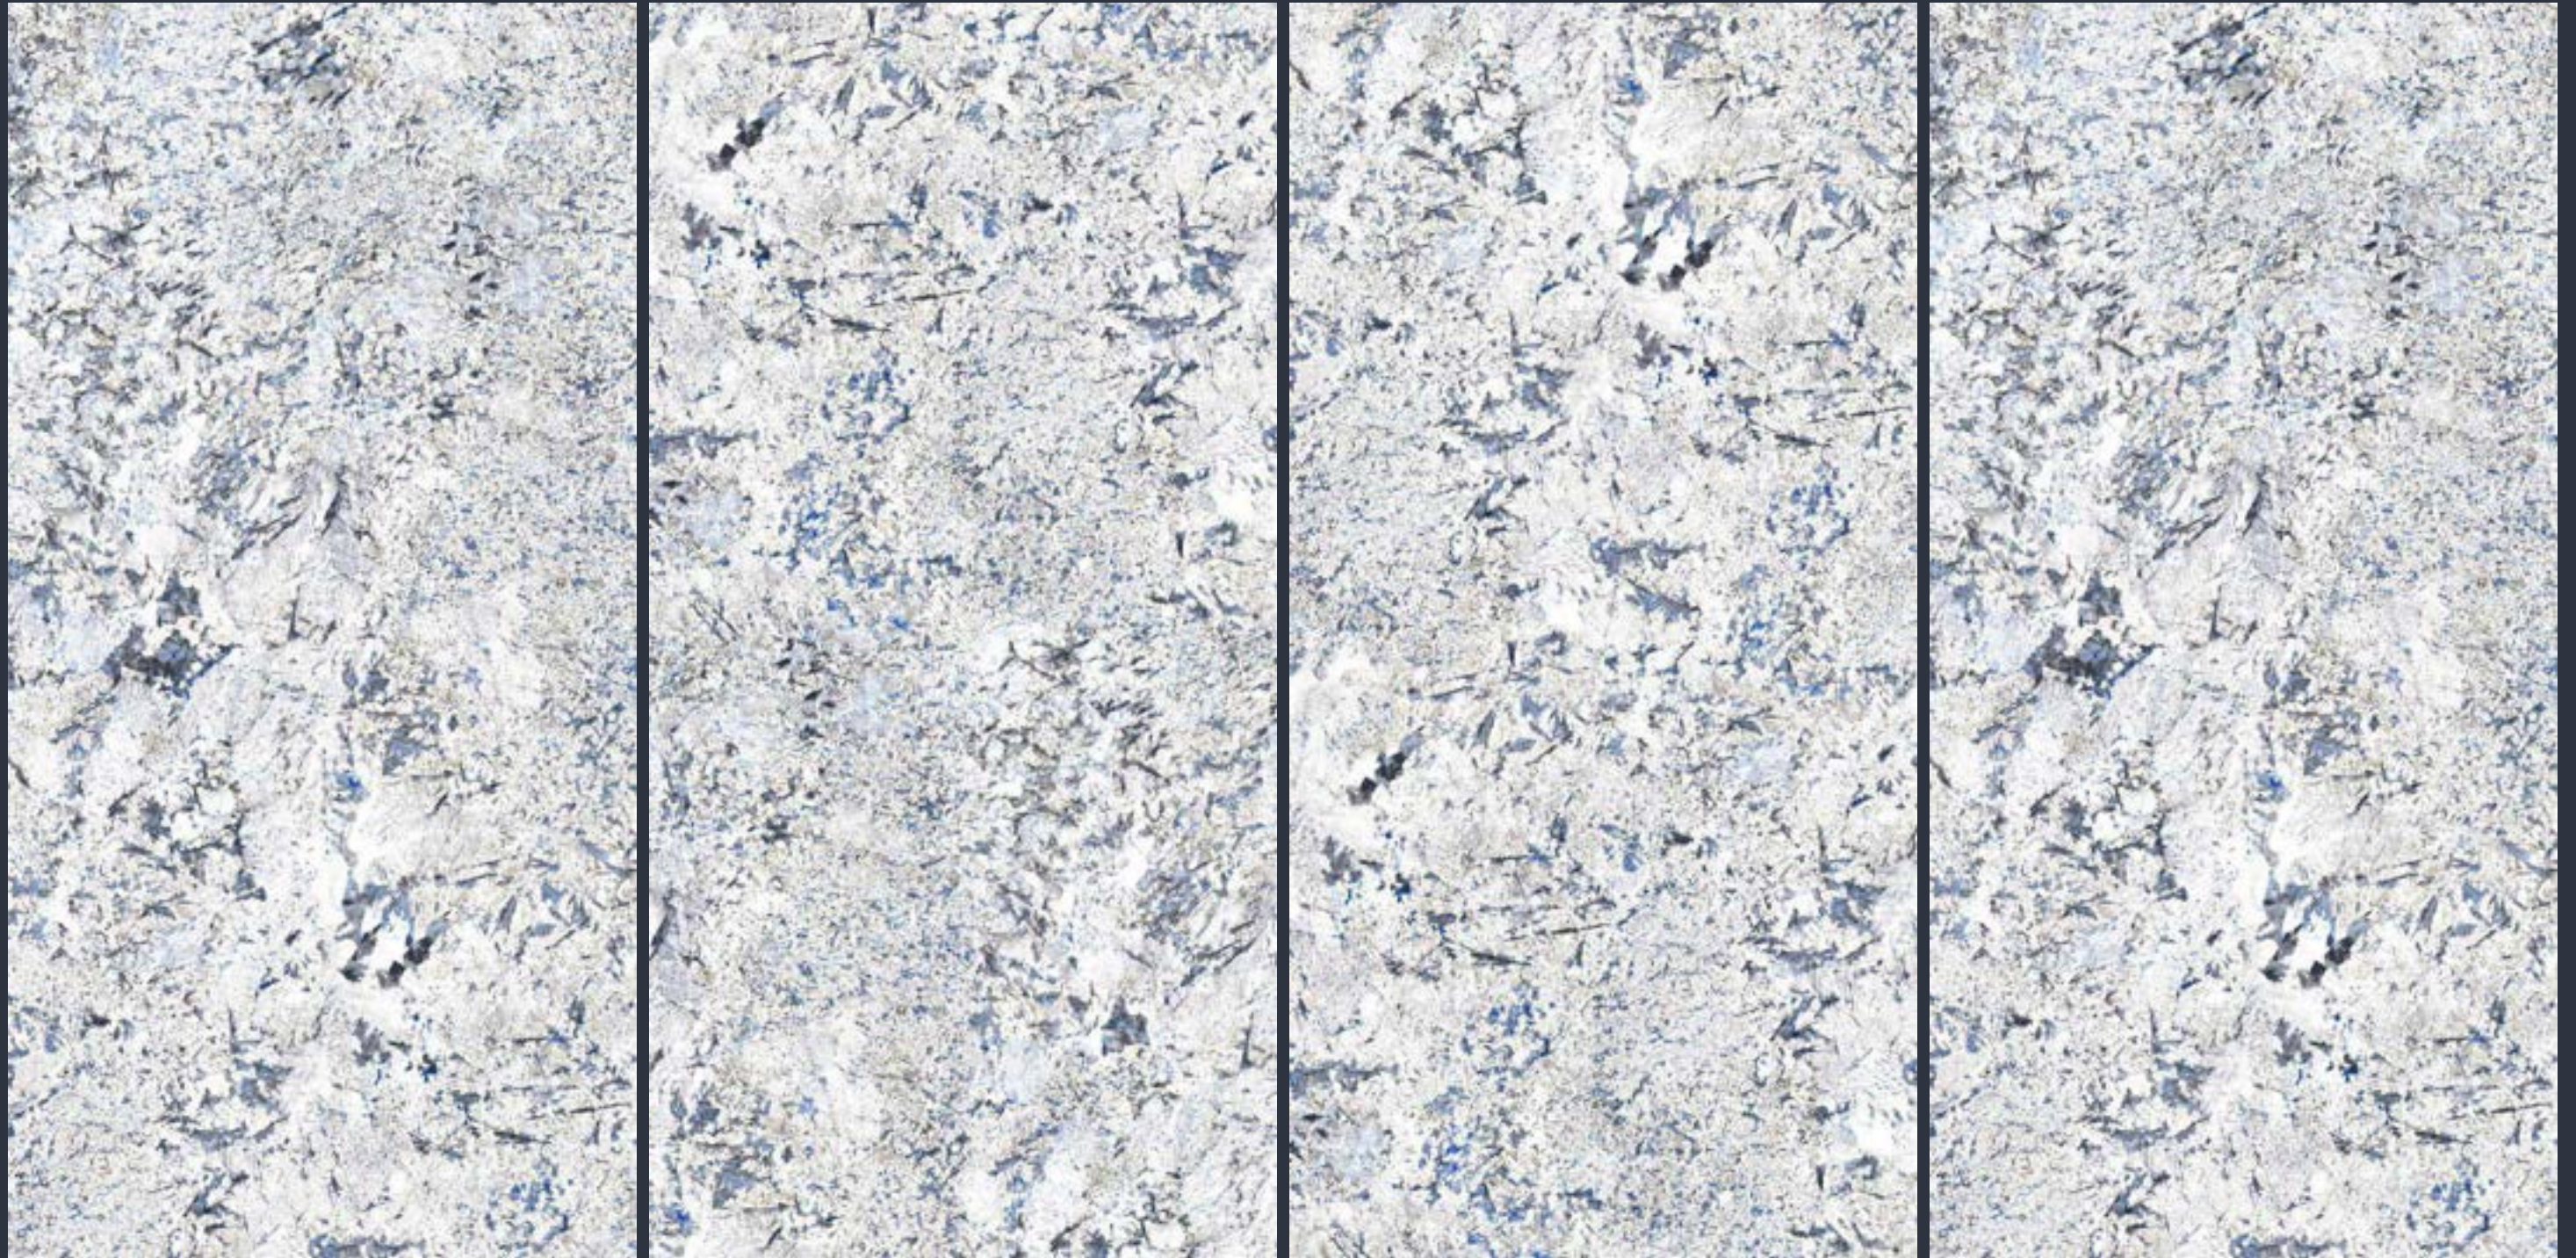

ALASKA 709 BLUE

SIZE
600x
1200MM

Series
GLOSSY

Random
03
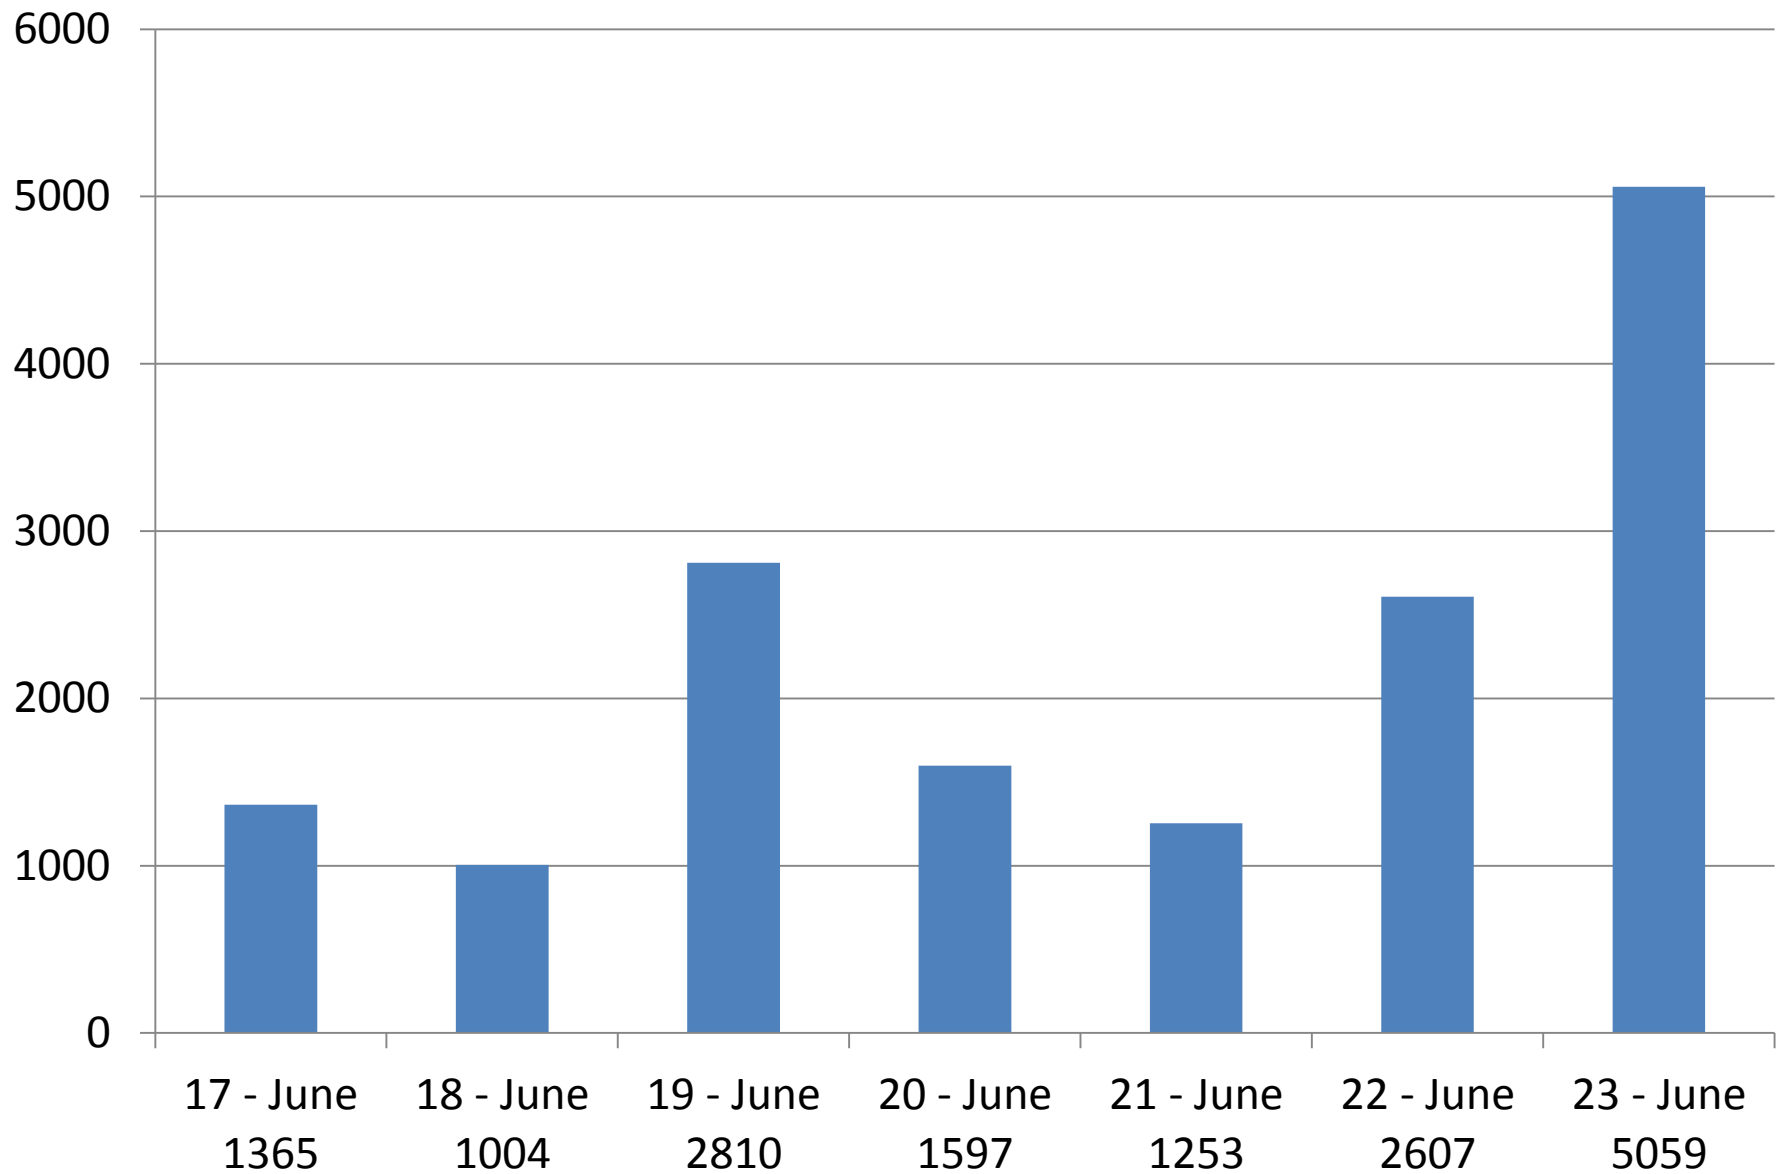

Cincinnati Bell Connector Streetcar Weekly Ridership | May 27 – June 2, 2018

Cincinnati Bell Connector Streetcar Weekly Ridership | June 3 – June 9, 2018

Cincinnati Bell Connector Streetcar Weekly Ridership | June 10 – June 16, 2018

Cincinnati Bell Connector Streetcar Weekly Ridership | June 17 - 23, 2018

Cincinnati Bell Connector Streetcar Weekly Ridership | June 24 - 30, 2018
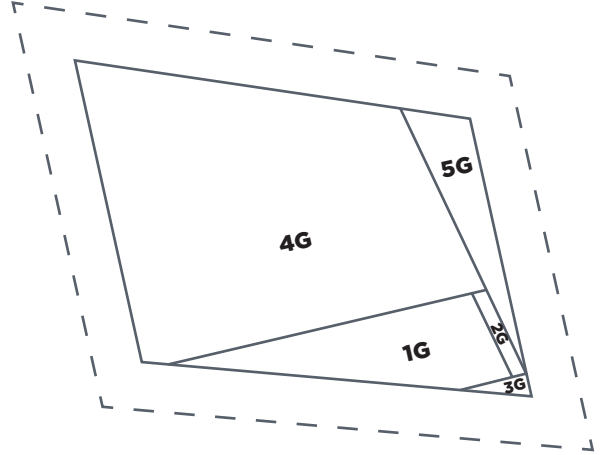

Juice Templates A and D

ACTUAL SIZE

PRINT AT 100%

When printed at the correct size, this box will measure 1in square.

FRUITY MEDLEY

Juice Template B

ACTUAL SIZE

PRINT AT 100%

When printed at the correct size, this box will measure 1in square.

FRUITY MEDLEY

Juice Templates E-F

ACTUAL SIZE

PRINT AT 100%
When printed at
the correct size, this
box will measure
1in square.

FRUITY MEDLEY

Apple Templates G-J

ACTUAL SIZE

PRINT AT 100%

When printed at the correct size, this box will measure 1in square.

FRUITY MEDLEY

Orange Templates G-I

ACTUAL SIZE

PRINT AT 100%

When printed at the correct size, this box will measure 1in square.

FRUITY MEDLEY

Pear Template F

ACTUAL SIZE

PRINT AT 100%

When printed at the correct size, this box will measure 1in square.

FRUITY MEDLEY

Pear Templates H and G

--

▶ Task to complete
From the line containing "Cincinnati Bell Connector Streetcar Weekly Ridership | June 24" down to the last line of the entries above, retype each line exactly as it stands, but skip the pictures.

▶ Task output
Cincinnati Bell Connector Streetcar Weekly Ridership | June 24 - 30, 2018

Juice Templates A and D

ACTUAL SIZE

PRINT AT 100%

When printed at the correct size, this box will measure 1in square.

FRUITY MEDLEY

Juice Template B

ACTUAL SIZE

PRINT AT 100%

When printed at the correct size, this box will measure 1in square.

FRUITY MEDLEY

Juice Templates E-F

ACTUAL SIZE

PRINT AT 100%
When printed at
the correct size, this
box will measure
1in square.

FRUITY MEDLEY

Apple Templates G-J

ACTUAL SIZE

PRINT AT 100%

When printed at the correct size, this box will measure 1in square.

FRUITY MEDLEY

Orange Templates G-I

ACTUAL SIZE

PRINT AT 100%

When printed at the correct size, this box will measure 1in square.

FRUITY MEDLEY

Pear Template F

ACTUAL SIZE

PRINT AT 100%

When printed at the correct size, this box will measure 1in square.

FRUITY MEDLEY

Pear Templates H and G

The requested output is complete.